Jerry
Springer: The Opera
Music & lyrics by Richard Thomas; book & additional lyrics by
Stewart Lee and Richard Thomas
Directed by John Rando; choreographed by Chris Bailey
Performances through April 1, 2018
The New Group, Pershing Square Signature Center, 480 West
42nd Street, New York, NY
thenewgroup.org
Will Swenson and Terrence Mann in Jerry Springer: The Opera (photo: Monique Carboni) |
So to make a parody called Jerry
Springer: The Opera is the height of obviousness—and pointlessness. To
marry lowbrow with (supposed) highbrow, composer-lyricist Richard Thomas and lyricist
Stewart Lee went all in: lines like “What the fuck, what the fuck, what the
fucking fuck?” are intoned by an angelic-sounding chorus, literally mating the
sacred and the profane. And having Jerry get shot during one of his shows,
descend into a hellish purgatory where he’s met by Satan and told to do a show
for Satan’s benefit to avoid an eternity of hellfire, is an idea as unoriginal
as it is awful.
Right from the beginning, non-stop cursing
is set to heavenly music (the songs are listenable but blandly opera-lite) and the
show devolves into self-satisfied nastiness, with an already riled-up audience
egged on by Jerry’s crazed warm-up man, as the host himself shepherds the
sordid enterprise. A little of this goes a very long way: the first act
comprises Springer Show guests with hidden
secrets like a husband who wears diapers and admits to his wife that taking a
shit turns him on, or a plain wife who secretly wants to be a pole dancer.

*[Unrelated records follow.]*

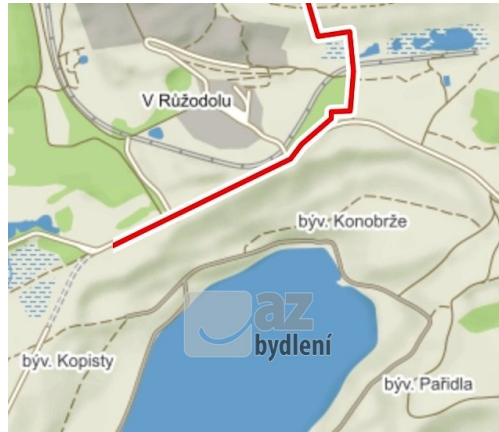

Prodej pozemků o výměře 97.565 m² v KÚ Růžodol a Konobřže.

Růžodol, Litvínov

Neuvedeno za nemovitost

info v RK, nejvyšší nabídce,
včetně DPH, včetně
poplatků, včetně provize,
cena bez daně z nabytí

Vyřizuje

Dušan Běhounek

Tel.: 381 254 130

GSM: +420 775 121 103

E-mail:

dusan.behounek@azbydleni.cz

Celková plocha: 97 565 m²

Druh pozemku: ostatní

POPIS NEMOVITOSTI: Nabízíme Vám k prodeji soubor pozemků, převážně ostatní plocha, které se nacházejí severně od města Most v KÚ Růžodol a Konobřže. Pozemky byly využívány ke komerčním účelům. Pozemky budou prodány nejvyšší nabídce. Tyto je možné předkládat do 30.5.2019. Úhrada kupní ceny na účet majetkové podstaty před podpisem kupní smlouvy.

Actual episodes of The Jerry Springer
Show didn’t put on airs about such people, instead taking them at face
value. Here, condescension is present from the start, and a repetitive first
act ends rather desperately with a Ku Klux Klan dance number done better (and funnier)
by Mel Brooks’ Nazis in The Producers.
The second act, in which Satan
demands an apology for being tossed out of paradise, leading to appearances by Jesus,
Mary and even God Almighty, might be blasphemous to some, but it’s sophomoric
and juvenile to most, never approaching the sinful satire it aims for, instead
lazily relying on its one-note, single-joke conceit to stretch itself past the
two-hour mark. In 2003 when this premiered—or 2008, when it was performed at
Carnegie Hall—Jerry Springer: The Opera
might have seemed daring or prescient. But now—in a world dominated by a
benighted and dangerous simpleton in the White House—the show has been outstripped
by reality.
John Rando’s smart staging features
Derek McLane’s typically superior set, which cleverly bleeds into the theater
itself for some semi-audience participation. Effortlessly playing multiple
roles is a dazzling cast of 18, whose voices soar into the stratosphere. While Terrence
Mann’s Jerry (a largely non-singing role, with a forgettable ballad thrown in)
makes Springer more than just a caricatured ringmaster, Will Swenson, as
Jerry’s Warm-Up Man and Satan, is having so much wild-eyed fun—he looks
unsettlingly like Charles Manson, maniacal stare and all—that it’s easy to go
along for the ride, bumpy as it ultimately is.